§ TASK PROMPT: Please reproduce, exactly as given, the lines running from the start of the data to the line containing "call (800) 689-1652", inclusive, and omit the pictures.

§ DATA:
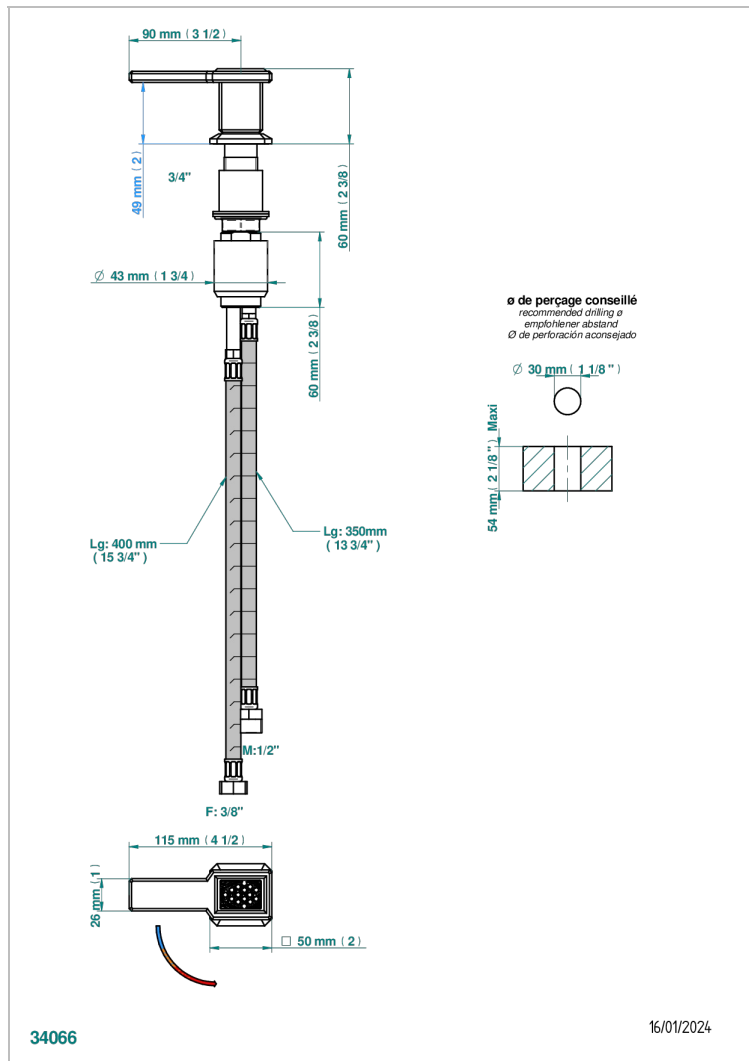

METROPOLIS CLEAR CRYSTAL WITH LEVER HANDLES

A2B-6532

Rim mounted ceramic mixer with progressive cartridge

CHARACTERISTIC

- ACS : 22ACCLY009

STANDARDS

AVAILABLE FINITIONS

Black ceram - D30
Blush PVD - H62
Brass color PVD - H49
Brown bronze color PVD - F33
Chrome polished - A02
Chrome polished / gold polished - G02
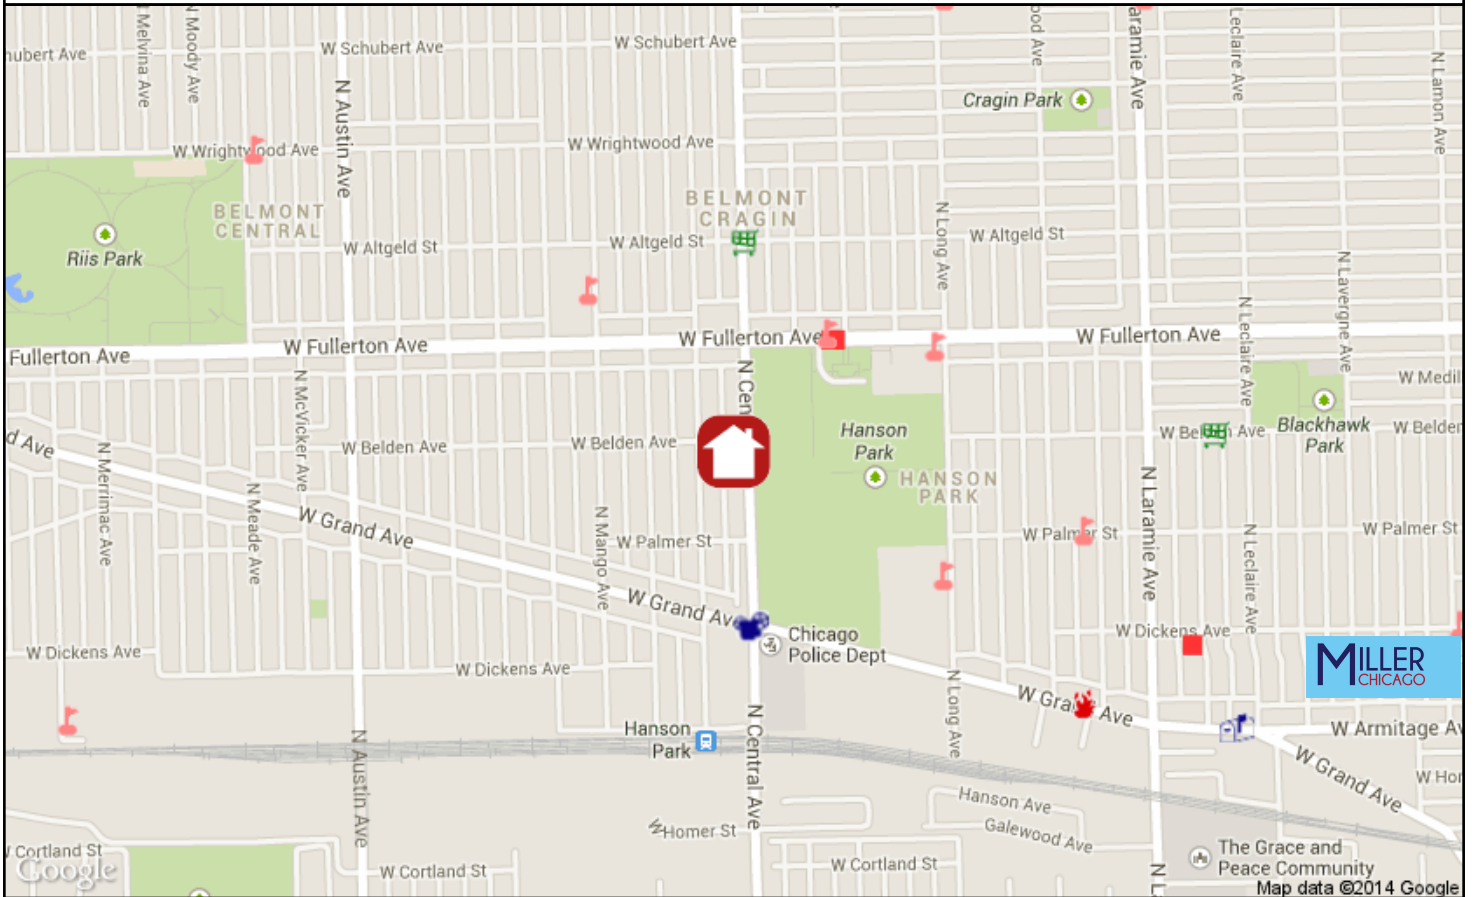

Home-Turf Report for 2254 N Central Ave

Prepared by: **Andrea Miller // 312-513-8333**

© Home-Turf Marketing Systems, L.L.C. // Visit www.hometurfonline.com or call (800) 689-1652

City Ward#: 37

Alderman: Emma Mitts
5344 W. North Ave., 60639, 773-745-2894

Nearest Daycare Centers:

A-Karrasel Child Care Centers, 5510 W Fullerton Ave, 0.2mi NE
A-Karrasel Child Care Centers, 5504 W Fullerton Ave, 0.2mi NE
Winter's Academy of Learning, 5137 W Dickens Ave, 0.6mi E
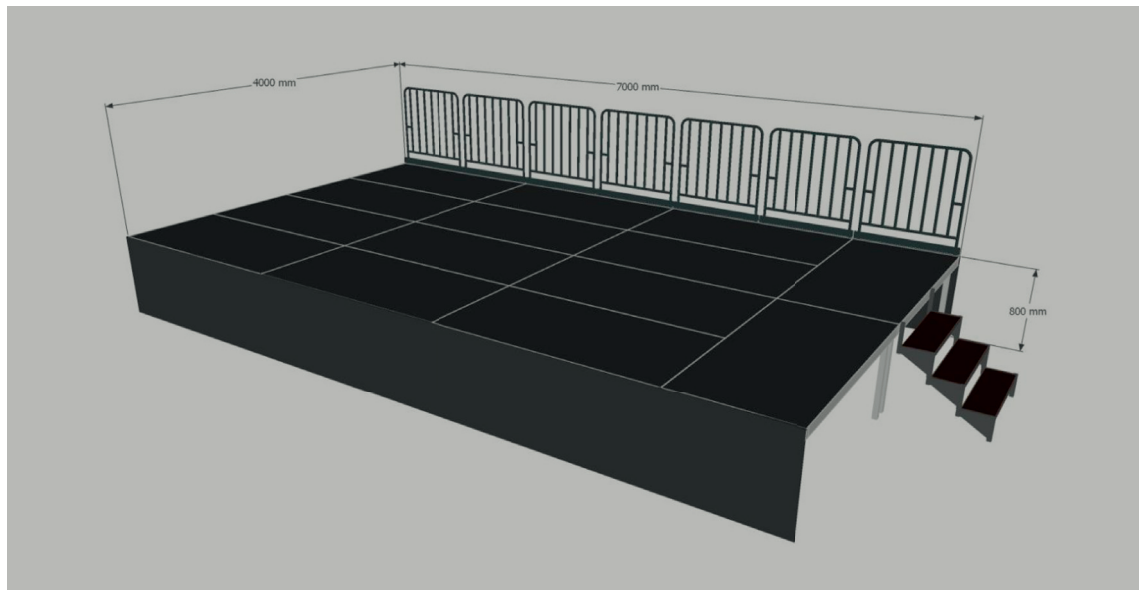

**GRAND JUNCTION - HOUSE EQUIPMENT**

AUDIO
OHULHDGLHHDNHU
2 x QSC Audio CP8 1000W 8" Active speaker
1 x Behringer X 32 Mixing Desk
1 x Behringer S1* #C BC X
1 x Behringer D-800 8 Channel Active D=Box
2 x passive D=Vox
( x Shure Beta ) +
☒KXUH60
☒KXUH60
☒ODU☒IGLDSKUD☒FRQGHQVHU
☒SHQFLOFRQGHQVHU
☒EDVVGUXPPLF
☒FOLSRQG☒DPLPPLF
☒HQQKHLVHU☒UHOHVVV☒WHP☒WKHLWKHUODSHORUKDQGKHOGPLFURSKRQH
☒RPPLFVWDQGV
☒XVLFVWDQGV
☒XVLFVWDQGOL☒WV
☒LWDUVWDQGV
LIGHTING
☒WD☒/L☒WLQ☒WD☒:DVK/☒L☒WV☒SRWOL☒WV
☒HVQHOV☒LWH4☒7KHDWUHDUP☒WKEDUQGRRUV☒LWH.☒ITXL☒OHQW
/L☒WLQ☒WD☒7UXVV6WDQGVP:LGHWPWR☒L☒W☒WKN
0D☒F☒L☒WLQ☒RQ☒H
AV
3RUWDEOH/DU☒☒OGLQ☒HDU3URMHFWLRQ6FUHHQ
6RQ☒3/3☒URMHFWRUOXPHQODVHUSURMHFWRU
PILEUH☒,FDEOH

**STAGE SPECIFICATION**

Stage Size:	7000 x 4000mm	
Stage Height:	400mm, 800mm and 1200mm available	
Platform Type:	Alu Rapid 2000 x 1000mm	
Platform Connection:	Klemmfix connector	
Platform Finish:	Black stained beech veneered blockboard	
Steps:	No. Sets of 3-tread System steps	No. 1-tread System step
Handrails:	In-filled handrails to rear and side of stage	
Skirting:	Valance curtains 800mm deep to front and sides of stage

§ YOUR RESPONSE:
METROPOLIS CLEAR CRYSTAL WITH LEVER HANDLES

A2B-6532

Rim mounted ceramic mixer with progressive cartridge

CHARACTERISTIC

- ACS : 22ACCLY009

STANDARDS

AVAILABLE FINITIONS

Black ceram - D30
Blush PVD - H62
Brass color PVD - H49
Brown bronze color PVD - F33
Chrome polished - A02
Chrome polished / gold polished - G02

Home-Turf Report for 2254 N Central Ave

Prepared by: **Andrea Miller // 312-513-8333**

© Home-Turf Marketing Systems, L.L.C. // Visit www.hometurfonline.com or call (800) 689-1652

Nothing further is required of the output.